→ Task directions
Scan the material below for the string "with". Report every line that has it.

→ Input
★ ★ ★ ★ ★
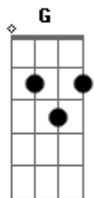

Nick Drake - At The Chime

Tom: C

From: Harlan L Thompson

A1 A2
A city freeze get on your knees
A3 A
Pray for warmth and green paper
A1 A2
A city drought you're down and out
A3 A
See your trousers down tapered
C F C B E
Saddle up, kick your feet, ride the range of a London street
C F C B E B E
Travel to a local plane, turn around and come back again

In the light of the city square find out the face that's fair
Keep it by your side
When the light of the city falls, you fly to the city walls
Take off with your bride

But at the chime of a city clock, put up your roadblock
Hang onto your crown
For a stone in a tin can is wealth to the city man
Who leaves his armour down

A1 (with pattern)

A (with pattern)

NOTE: chances are pretty good that this is completely wrong, but until the correct tuning is posted, this will have to do. Since this is one of my favorite N.D. songs, I had to find a way to play it somehow or another.

(from Bryter Layter, 1970)
(sent by Harlan at)

Acordes

© ukulele-chords.com

© ukulele-chords.com

© ukulele-chords.com

© ukulele-chords.com

© ukulele-chords.com

© ukulele-chords.com
★ ★ ★ ★ ★
→ Reply
Take off with your bride
A1 (with pattern)
A (with pattern)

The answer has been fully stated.